Kur'an-ı Kerim ve Türkçe Meali Sayfa 309
52. Hani ona Tur’un sağ tarafından seslenmiş ve özel konuşma için onu huzurumuza almıştık.
53. Ve rahmet ve keremimizden, kardeşi Harun’u da nebî olarak ona ihsan etmiştik.
54. Kitapta İsmâil’i de an. Gerçekten o, verdiği sözü yerine getiren biri idi. Resul ve nebî idi.
55. Halkına namazı ve zekâtı tavsiye ederdi. Rabbinin râzı olduğu biri idi.
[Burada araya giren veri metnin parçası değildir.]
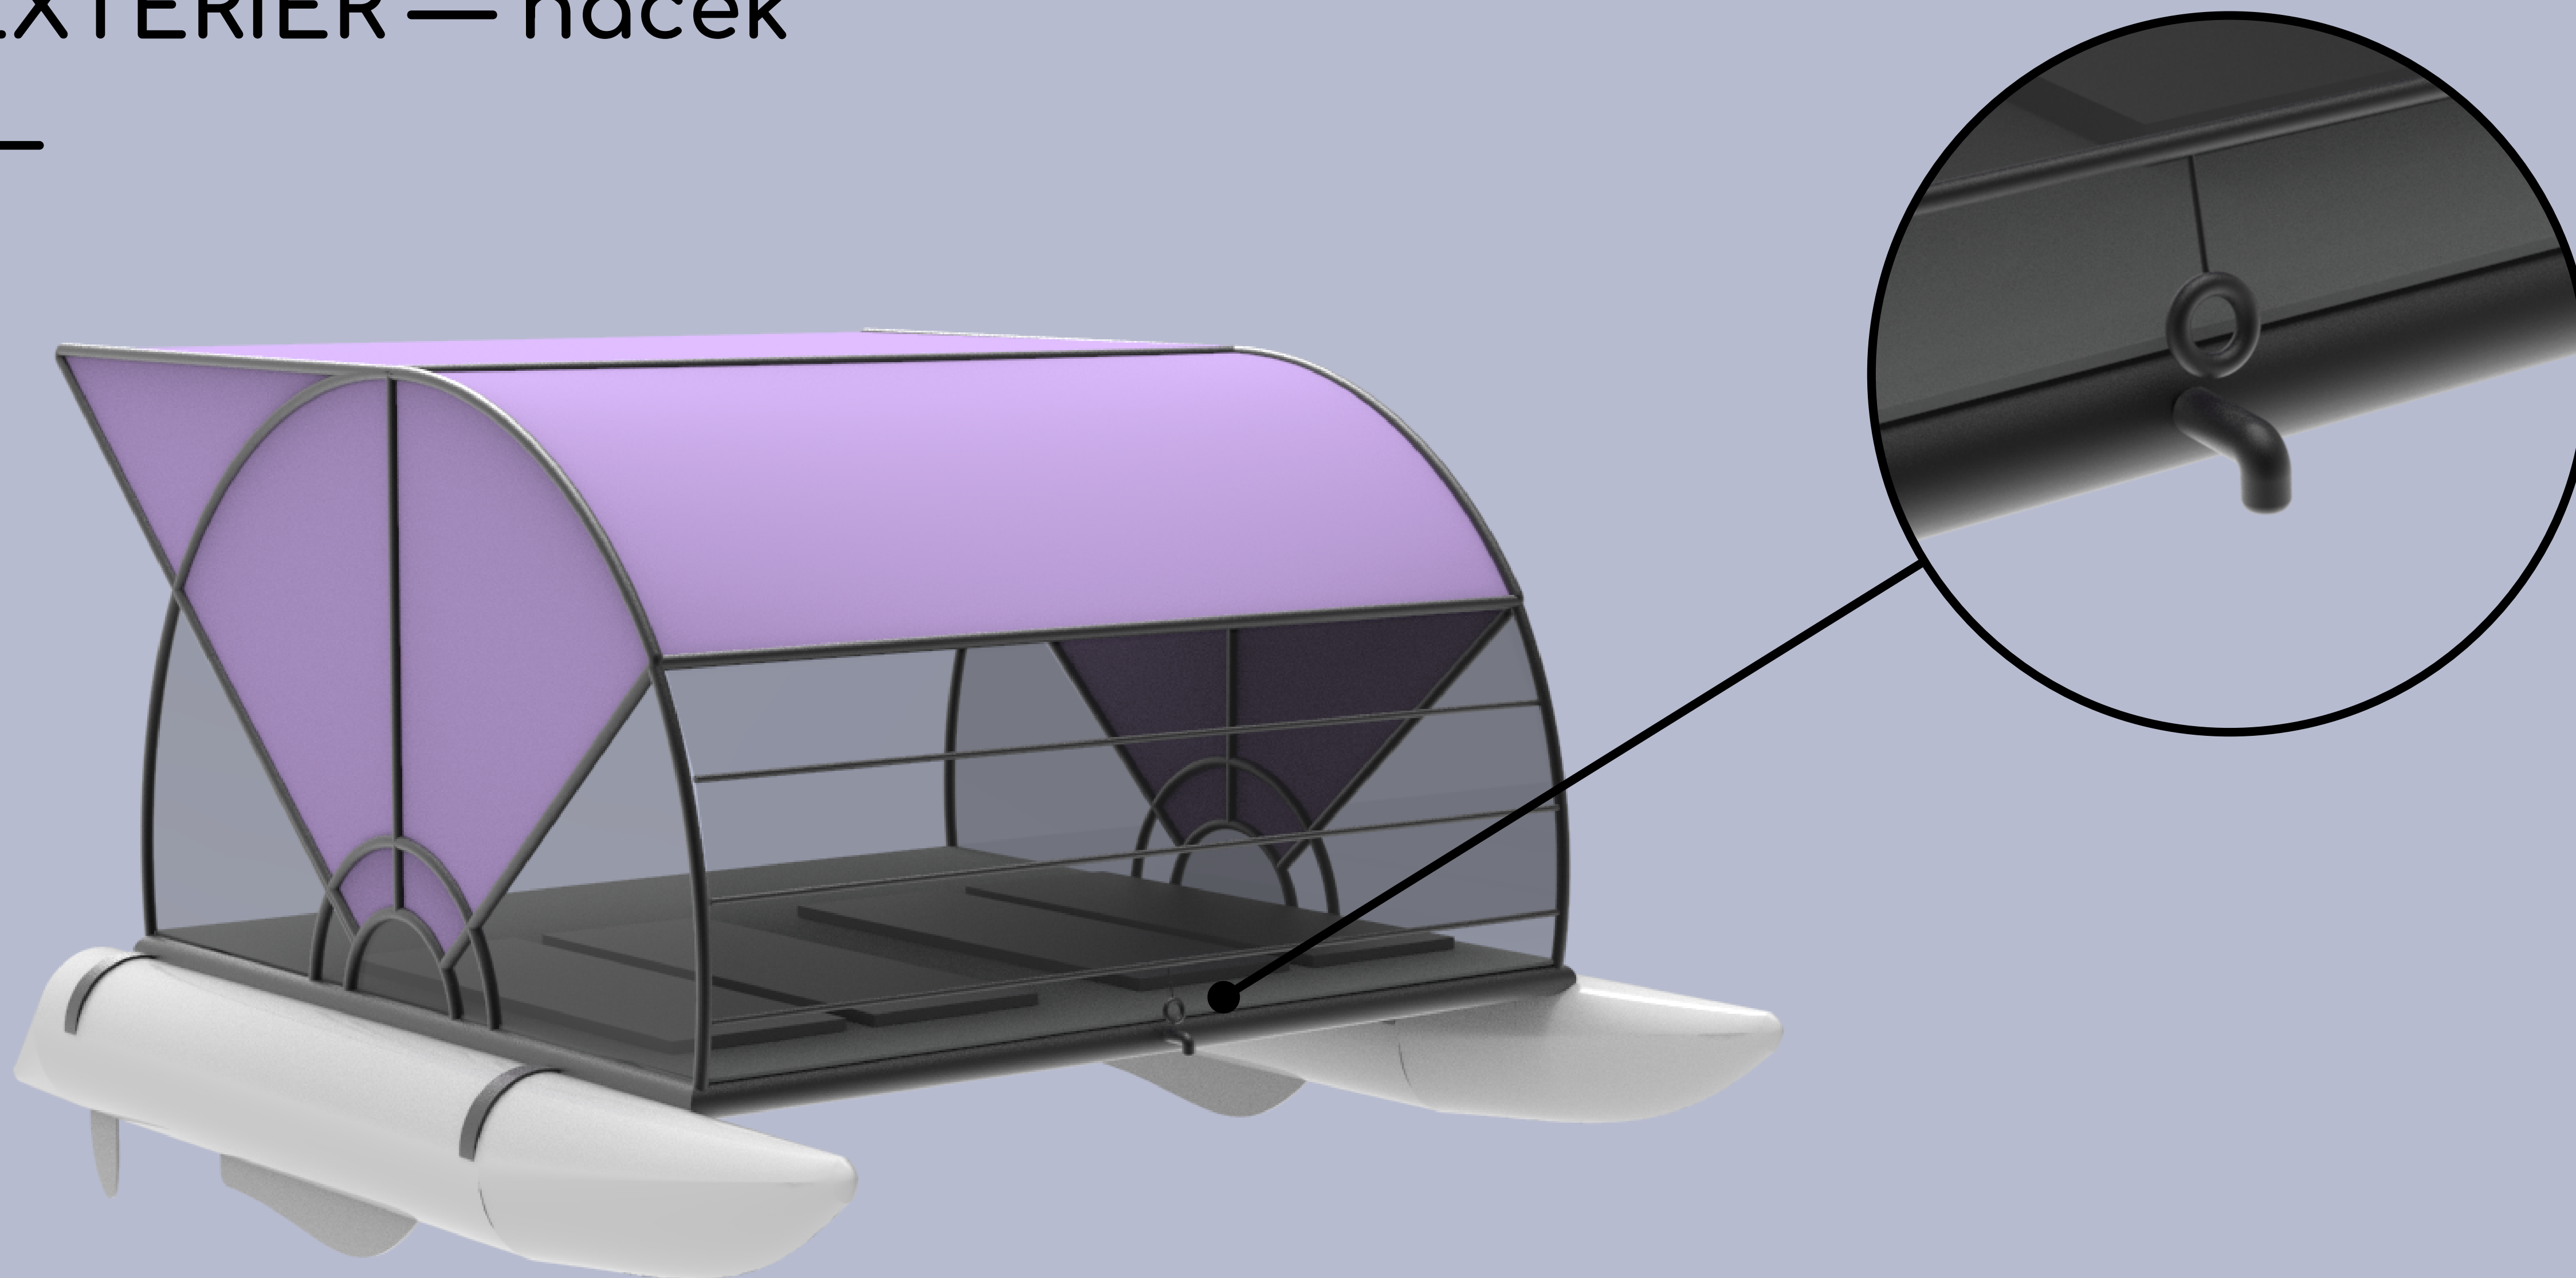

minicat

Markéta Opravilová / 2022

EXTERIÉR — roleta

Hlavní funkcí katamránu, je jeho vnitřní roletový systém, díky kterému je možné celé plavidlo zakrýt a loď je tudíž schopna odolat různým povětrnostním podmínkám.

EXTERIÉR — materiál

EXTERIÉR — háček

INTERIÉR — spaní

Vevnitř se nachází celkem čtyři matrace o rozměru 200 x 60 cm vhodné jak do interiéru, tak do exteriéru.

INTERIÉR — úložný prostor

Pro uložení zavazadel slouží kapsa na stropní straně lodi vyrobená z elastické síťoviny. Prostor je možné zaplnit do maximálního rozměru cca 1,062 m³.

ROZMĚRY

ROZMĚRY

4 000 mm
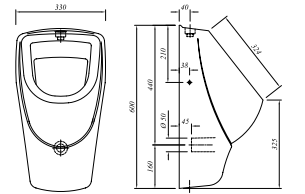

Single Pieces

Tek Parça Klozet Renkleri: Beyaz 00, EC Beyaz 02 **Single Pieces WC Pan Colors:** White 00, EC White 02

Sipariş verilirken sipariş kodunun sonuna xx yerine renk kodu eklenmelidir.

When ordering, the xx at the end of the Product Code must be replaced with the color code.
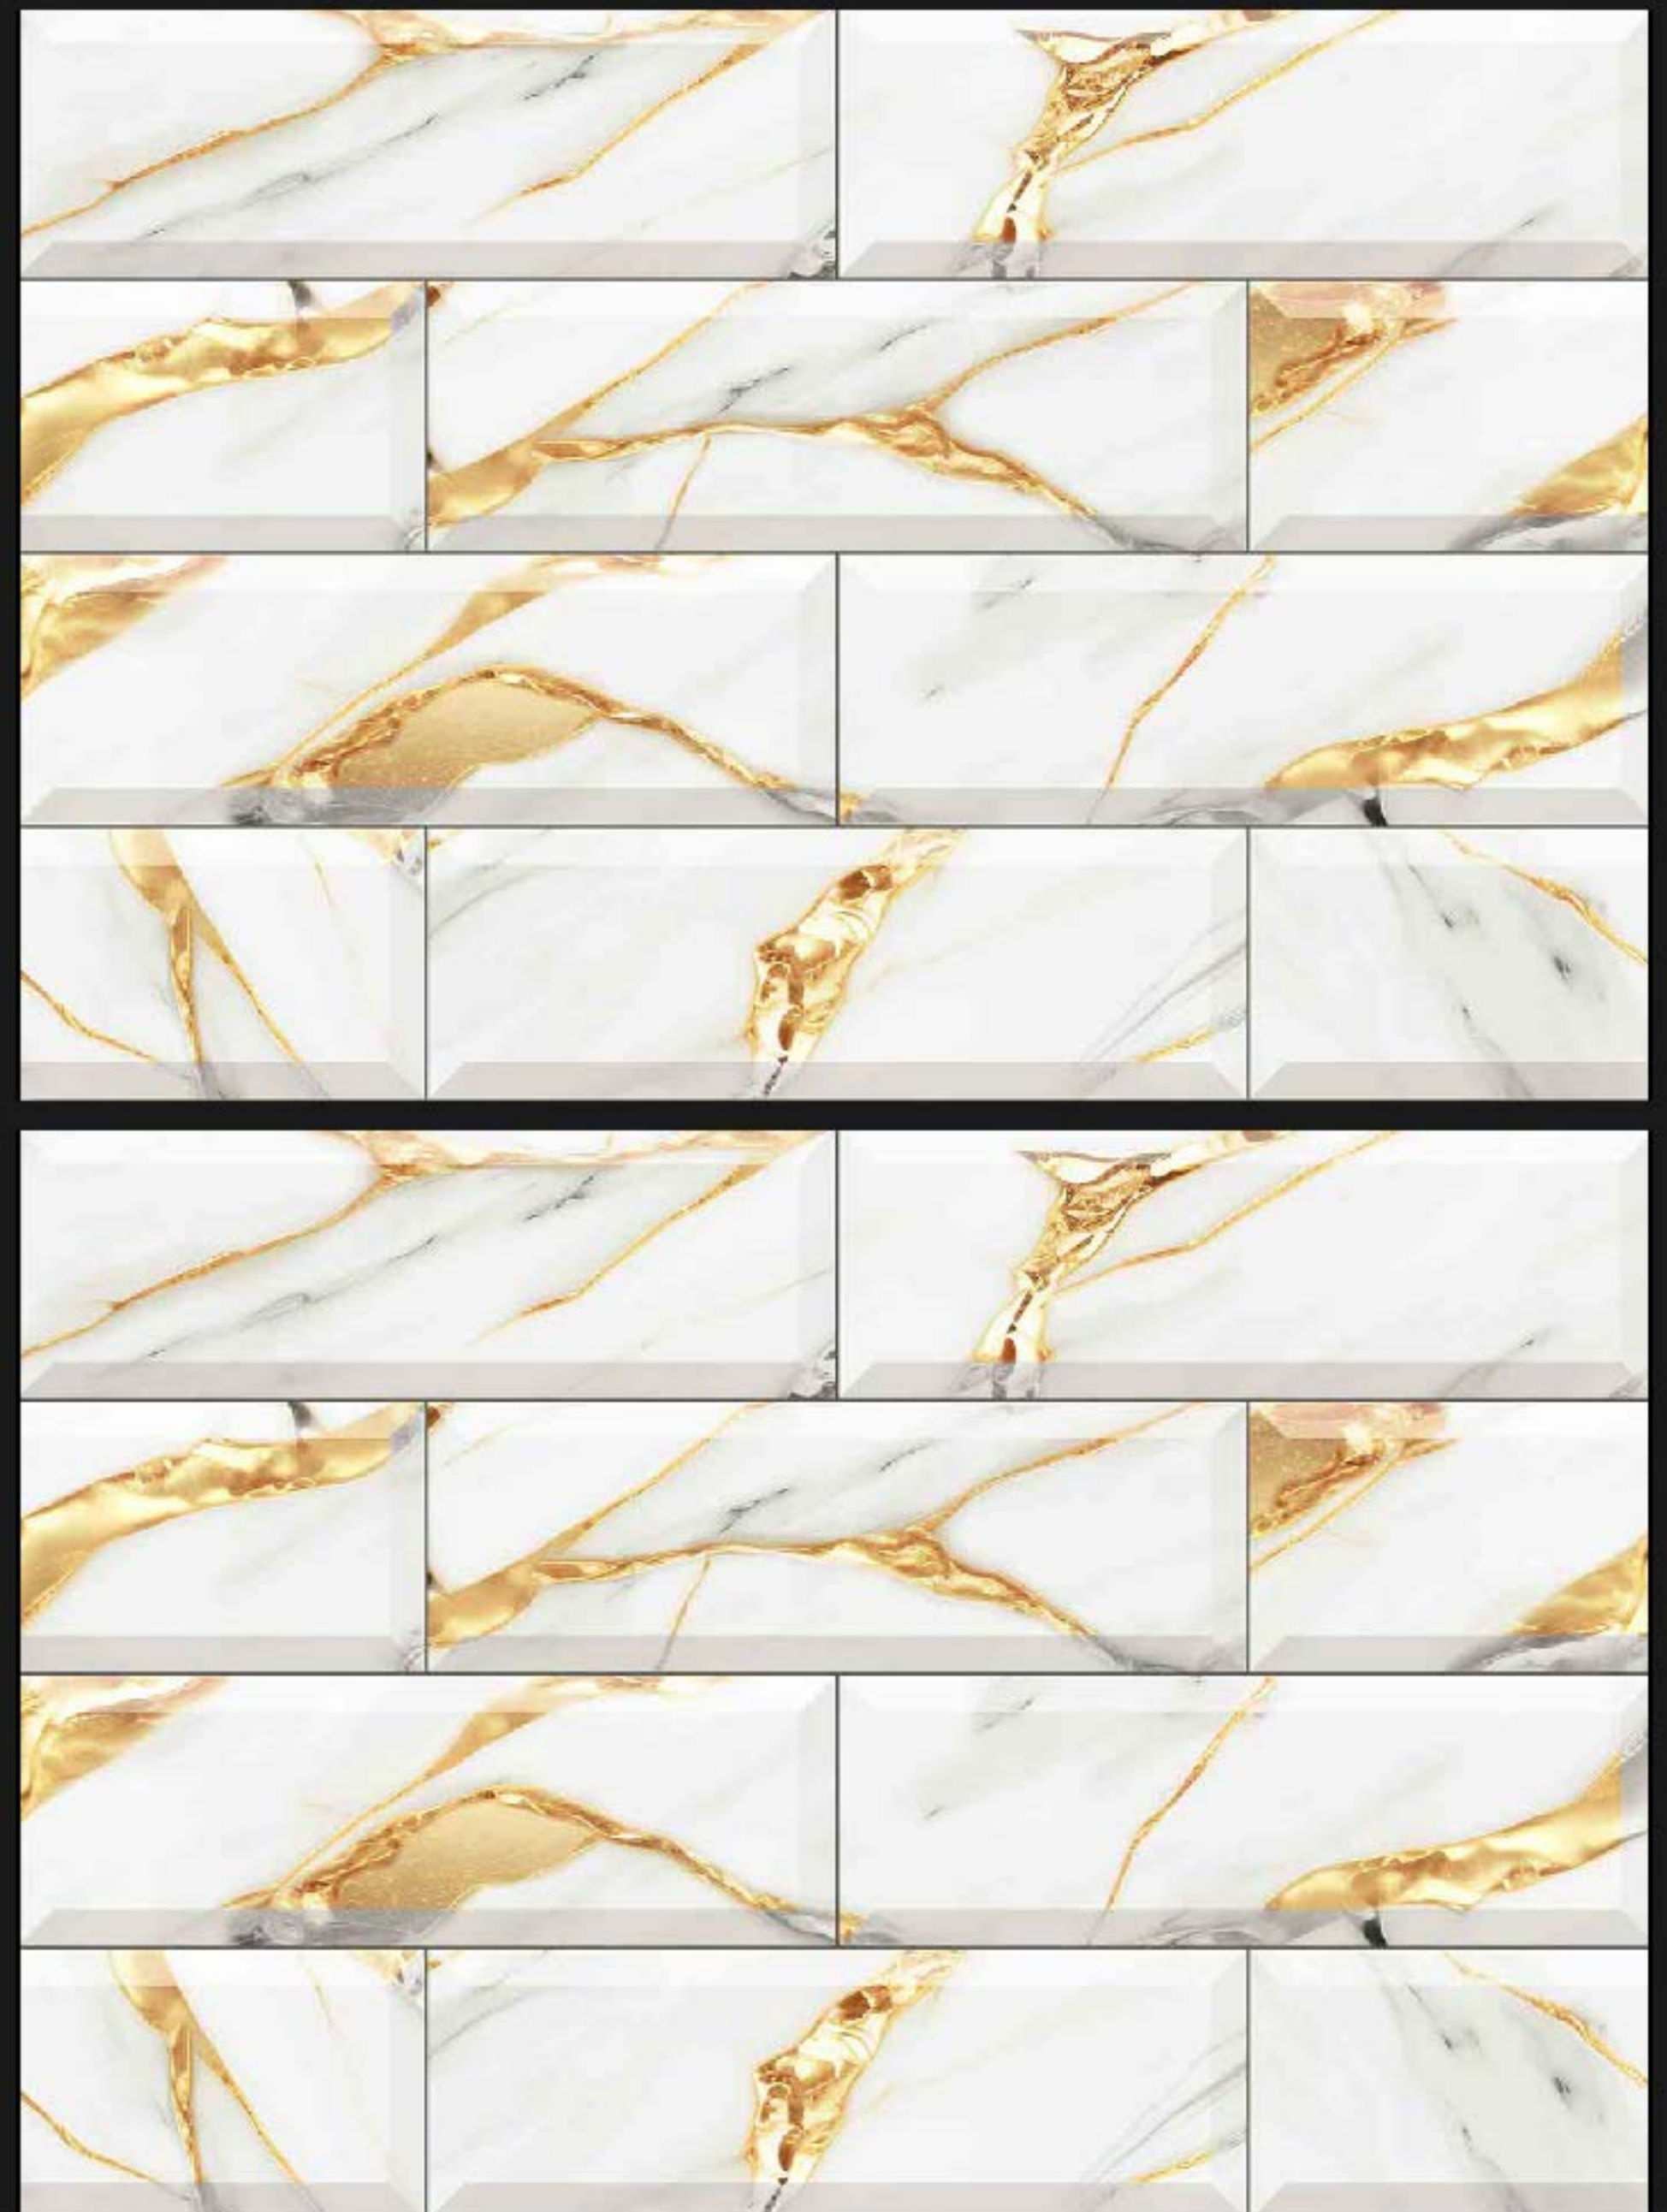

7142-HL2

450x300MM
GLOSSY

**Spenzen**[®]
DIGITAL WALL TILES

7143-LT

7143-HL1

450x300MM
GLOSSY

Spenzen[®]
DIGITAL WALL TILES

7143-LT

56. Kitapta İdris’i de an. Gerçekten o da doğruluğun timsali biri idi, bir nebî idi.
57. Biz onu üstün bir makama yücelttik.
58. İşte bunlar, Allah’ın nimetine mazhar olmuş olan bu zatlar, Âdem neslinden, Nuh ile beraber gemide taşıdıklarımızın evlatlarından, İbrâhim ve İsrailin nesillerinden ve hidâyete erdirip seçtiğimiz kimselerdendir. Onlar Rahman’ın âyetleri okunduğunda ağlayarak secdeye kapanırlardı.
59. Kendilerinden sonra yerlerine öyle bir nesil geldi ki namazı zâyi ettiler, şehvetlerinin peşine düştüler. İşte bunlar da azgınlıklarının cezasını bulacaklardır.
60. Ancak tövbe eden, iman edip makbul ve güzel işler yapanlar cennete girecekler ve asla haksızlığa uğramayacaklardır.
61. Evet, onlar Rahman’ın kullarına gıyabî olarak vâd ettiği, dünyada iken görmeksizin inandıkları Adn cennetlerine gireceklerdir. Allah’ın vâdi muhakkak ki yerini bulacaktır.
62. Orada onlar boş ve anlamsız söz işitmezler, sadece selâm ve selâmet sözleri duyarlar. Orada ziyafetleri sabah akşam kendilerine sunulacaktır.
63. İşte bu cennetlere kullarımızdan, Allah’ı sayıp günahtan sakınanları vâris kılacağız.
64. Rabbinin emri olmadıkça biz (meleklerden olan elçiler) inmeyiz. Önümüzde ve arkamızdaki bütün geçmiş ve gelecek şeyler ve bunların arasındakiler hep O’na aittir. Senin Rabbin, hiçbir şeyi unutmaz.